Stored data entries
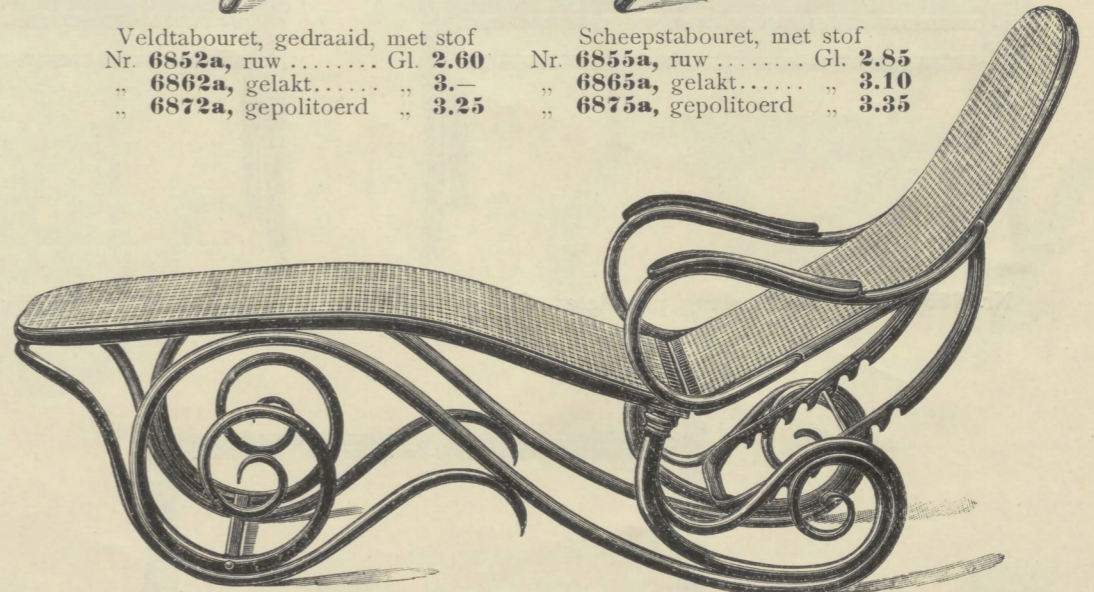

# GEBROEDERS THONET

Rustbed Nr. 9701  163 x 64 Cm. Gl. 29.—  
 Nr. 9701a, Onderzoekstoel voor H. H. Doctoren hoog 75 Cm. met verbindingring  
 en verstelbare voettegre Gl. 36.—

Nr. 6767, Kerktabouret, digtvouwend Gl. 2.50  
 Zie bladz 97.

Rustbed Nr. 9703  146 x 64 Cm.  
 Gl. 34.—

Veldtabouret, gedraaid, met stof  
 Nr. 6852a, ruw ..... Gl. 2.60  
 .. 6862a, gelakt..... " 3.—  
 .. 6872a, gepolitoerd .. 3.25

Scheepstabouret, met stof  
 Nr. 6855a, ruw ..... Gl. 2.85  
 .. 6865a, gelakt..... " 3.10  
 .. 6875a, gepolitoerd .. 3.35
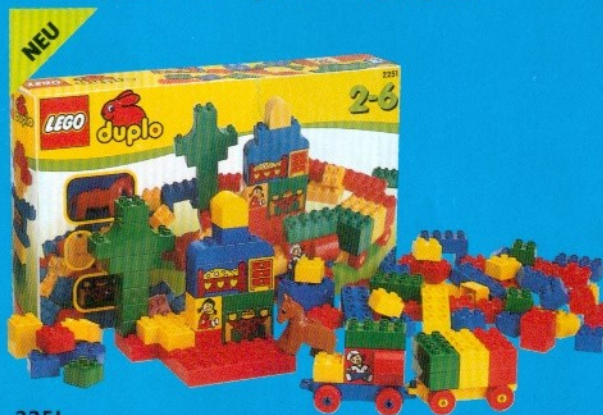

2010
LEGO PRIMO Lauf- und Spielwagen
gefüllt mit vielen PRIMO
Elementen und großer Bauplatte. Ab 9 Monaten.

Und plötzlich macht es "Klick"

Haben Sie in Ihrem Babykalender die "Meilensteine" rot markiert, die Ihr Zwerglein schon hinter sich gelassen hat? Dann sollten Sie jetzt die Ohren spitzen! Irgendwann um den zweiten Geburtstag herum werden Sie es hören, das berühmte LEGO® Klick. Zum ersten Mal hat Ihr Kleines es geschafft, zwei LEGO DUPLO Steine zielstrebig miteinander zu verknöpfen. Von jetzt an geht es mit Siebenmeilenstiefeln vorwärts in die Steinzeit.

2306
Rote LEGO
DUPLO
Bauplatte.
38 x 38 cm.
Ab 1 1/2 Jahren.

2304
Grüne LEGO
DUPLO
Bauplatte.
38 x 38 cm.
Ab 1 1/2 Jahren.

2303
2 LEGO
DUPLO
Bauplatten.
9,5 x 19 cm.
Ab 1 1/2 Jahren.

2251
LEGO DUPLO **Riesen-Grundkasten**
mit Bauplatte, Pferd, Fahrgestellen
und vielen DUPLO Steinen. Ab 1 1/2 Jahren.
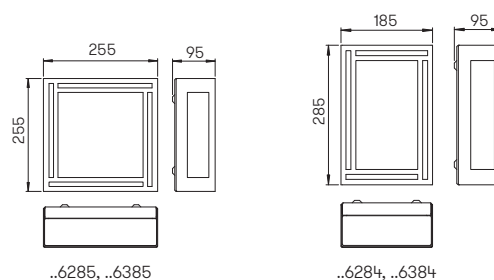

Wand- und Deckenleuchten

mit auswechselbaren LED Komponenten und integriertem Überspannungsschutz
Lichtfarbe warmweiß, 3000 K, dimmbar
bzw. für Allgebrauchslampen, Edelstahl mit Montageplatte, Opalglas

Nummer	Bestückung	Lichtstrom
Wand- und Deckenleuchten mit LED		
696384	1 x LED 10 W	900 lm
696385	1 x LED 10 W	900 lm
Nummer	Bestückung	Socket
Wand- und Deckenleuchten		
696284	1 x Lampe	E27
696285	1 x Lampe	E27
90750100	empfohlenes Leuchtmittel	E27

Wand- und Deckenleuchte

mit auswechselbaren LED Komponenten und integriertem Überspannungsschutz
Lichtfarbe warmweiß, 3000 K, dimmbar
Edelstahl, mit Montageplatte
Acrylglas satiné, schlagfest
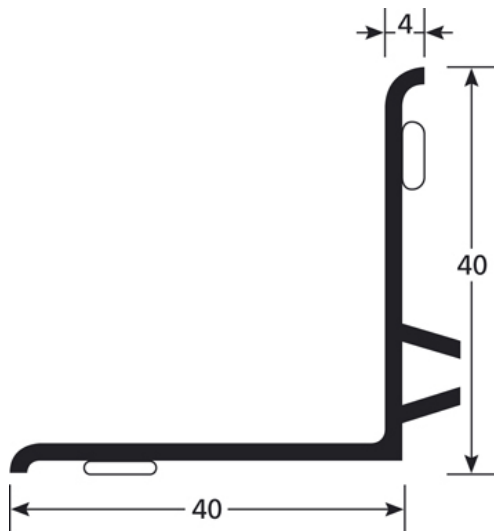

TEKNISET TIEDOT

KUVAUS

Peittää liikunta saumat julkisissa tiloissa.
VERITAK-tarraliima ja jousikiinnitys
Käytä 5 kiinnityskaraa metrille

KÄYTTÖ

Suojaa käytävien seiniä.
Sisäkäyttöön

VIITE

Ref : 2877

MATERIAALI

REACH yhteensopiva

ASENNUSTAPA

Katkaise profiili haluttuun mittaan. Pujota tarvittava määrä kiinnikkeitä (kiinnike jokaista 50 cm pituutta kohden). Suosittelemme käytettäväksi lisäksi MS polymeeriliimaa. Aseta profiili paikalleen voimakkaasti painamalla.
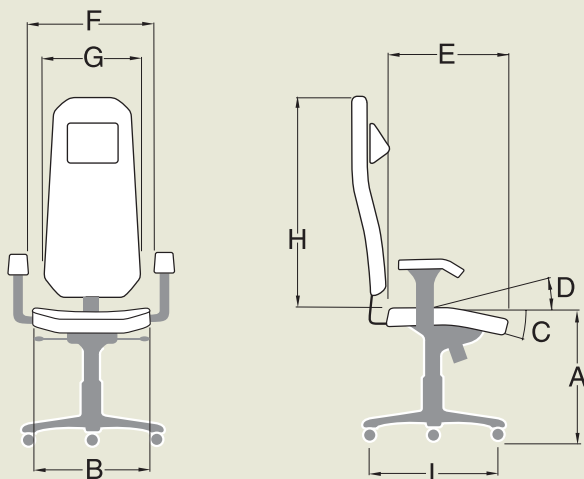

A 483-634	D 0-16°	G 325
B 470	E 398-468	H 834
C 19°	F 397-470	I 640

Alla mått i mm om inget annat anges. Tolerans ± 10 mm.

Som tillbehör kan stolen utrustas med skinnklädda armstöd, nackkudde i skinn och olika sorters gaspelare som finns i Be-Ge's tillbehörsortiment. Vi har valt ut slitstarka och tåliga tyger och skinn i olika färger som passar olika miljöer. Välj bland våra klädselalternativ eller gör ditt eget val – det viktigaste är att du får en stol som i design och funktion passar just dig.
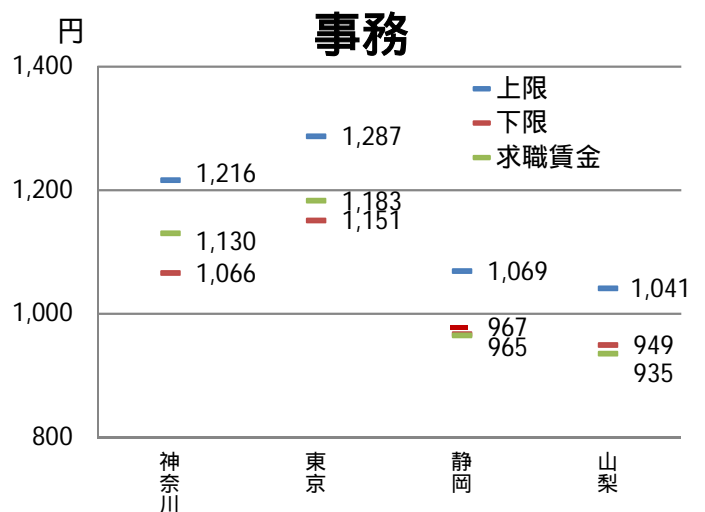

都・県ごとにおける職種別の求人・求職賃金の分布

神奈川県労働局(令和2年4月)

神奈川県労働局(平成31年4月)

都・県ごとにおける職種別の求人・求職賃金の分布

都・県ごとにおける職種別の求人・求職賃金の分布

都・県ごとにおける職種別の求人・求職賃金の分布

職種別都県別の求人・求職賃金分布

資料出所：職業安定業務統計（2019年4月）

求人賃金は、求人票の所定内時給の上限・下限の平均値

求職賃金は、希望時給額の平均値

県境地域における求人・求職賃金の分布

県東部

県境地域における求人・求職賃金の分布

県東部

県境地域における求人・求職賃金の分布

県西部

- [Exercise]:
In the copy, leave out the pictures and restate the records exactly.

- [Task solution]:
# GEBROEDERS THONET

Rustbed Nr. 9701  163 x 64 Cm. Gl. 29.—  
 Nr. 9701a, Onderzoekstoel voor H. H. Doctoren hoog 75 Cm. met verbindingring  
 en verstelbare voettegre Gl. 36.—

Nr. 6767, Kerktabouret, digtvouwend Gl. 2.50  
 Zie bladz 97.

Rustbed Nr. 9703  146 x 64 Cm.  
 Gl. 34.—

Veldtabouret, gedraaid, met stof  
 Nr. 6852a, ruw ..... Gl. 2.60  
 .. 6862a, gelakt..... " 3.—  
 .. 6872a, gepolitoerd .. 3.25

Scheepstabouret, met stof  
 Nr. 6855a, ruw ..... Gl. 2.85  
 .. 6865a, gelakt..... " 3.10  
 .. 6875a, gepolitoerd .. 3.35

2010
LEGO PRIMO Lauf- und Spielwagen
gefüllt mit vielen PRIMO
Elementen und großer Bauplatte. Ab 9 Monaten.

Und plötzlich macht es "Klick"

Haben Sie in Ihrem Babykalender die "Meilensteine" rot markiert, die Ihr Zwerglein schon hinter sich gelassen hat? Dann sollten Sie jetzt die Ohren spitzen! Irgendwann um den zweiten Geburtstag herum werden Sie es hören, das berühmte LEGO® Klick. Zum ersten Mal hat Ihr Kleines es geschafft, zwei LEGO DUPLO Steine zielstrebig miteinander zu verknöpfen. Von jetzt an geht es mit Siebenmeilenstiefeln vorwärts in die Steinzeit.

2306
Rote LEGO
DUPLO
Bauplatte.
38 x 38 cm.
Ab 1 1/2 Jahren.

2304
Grüne LEGO
DUPLO
Bauplatte.
38 x 38 cm.
Ab 1 1/2 Jahren.

2303
2 LEGO
DUPLO
Bauplatten.
9,5 x 19 cm.
Ab 1 1/2 Jahren.

2251
LEGO DUPLO **Riesen-Grundkasten**
mit Bauplatte, Pferd, Fahrgestellen
und vielen DUPLO Steinen. Ab 1 1/2 Jahren.

Wand- und Deckenleuchten

mit auswechselbaren LED Komponenten und integriertem Überspannungsschutz
Lichtfarbe warmweiß, 3000 K, dimmbar
bzw. für Allgebrauchslampen, Edelstahl mit Montageplatte, Opalglas

Nummer	Bestückung	Lichtstrom
Wand- und Deckenleuchten mit LED		
696384	1 x LED 10 W	900 lm
696385	1 x LED 10 W	900 lm
Nummer	Bestückung	Socket
Wand- und Deckenleuchten		
696284	1 x Lampe	E27
696285	1 x Lampe	E27
90750100	empfohlenes Leuchtmittel	E27

Wand- und Deckenleuchte

mit auswechselbaren LED Komponenten und integriertem Überspannungsschutz
Lichtfarbe warmweiß, 3000 K, dimmbar
Edelstahl, mit Montageplatte
Acrylglas satiné, schlagfest

TEKNISET TIEDOT

KUVAUS

Peittää liikunta saumat julkisissa tiloissa.
VERITAK-tarraliima ja jousikiinnitys
Käytä 5 kiinnityskaraa metrille

KÄYTTÖ

Suojaa käytävien seiniä.
Sisäkäyttöön

VIITE

Ref : 2877

MATERIAALI

REACH yhteensopiva

ASENNUSTAPA

Katkaise profiili haluttuun mittaan. Pujota tarvittava määrä kiinnikkeitä (kiinnike jokaista 50 cm pituutta kohden). Suosittelemme käytettäväksi lisäksi MS polymeeriliimaa. Aseta profiili paikalleen voimakkaasti painamalla.

A 483-634	D 0-16°	G 325
B 470	E 398-468	H 834
C 19°	F 397-470	I 640

Alla mått i mm om inget annat anges. Tolerans ± 10 mm.

Som tillbehör kan stolen utrustas med skinnklädda armstöd, nackkudde i skinn och olika sorters gaspelare som finns i Be-Ge's tillbehörsortiment. Vi har valt ut slitstarka och tåliga tyger och skinn i olika färger som passar olika miljöer. Välj bland våra klädselalternativ eller gör ditt eget val – det viktigaste är att du får en stol som i design och funktion passar just dig.

都・県ごとにおける職種別の求人・求職賃金の分布

神奈川県労働局(令和2年4月)

神奈川県労働局(平成31年4月)

都・県ごとにおける職種別の求人・求職賃金の分布

都・県ごとにおける職種別の求人・求職賃金の分布

都・県ごとにおける職種別の求人・求職賃金の分布

職種別都県別の求人・求職賃金分布

資料出所：職業安定業務統計（2019年4月）

求人賃金は、求人票の所定内時給の上限・下限の平均値

求職賃金は、希望時給額の平均値

県境地域における求人・求職賃金の分布

県東部

県境地域における求人・求職賃金の分布

県東部

県境地域における求人・求職賃金の分布

県西部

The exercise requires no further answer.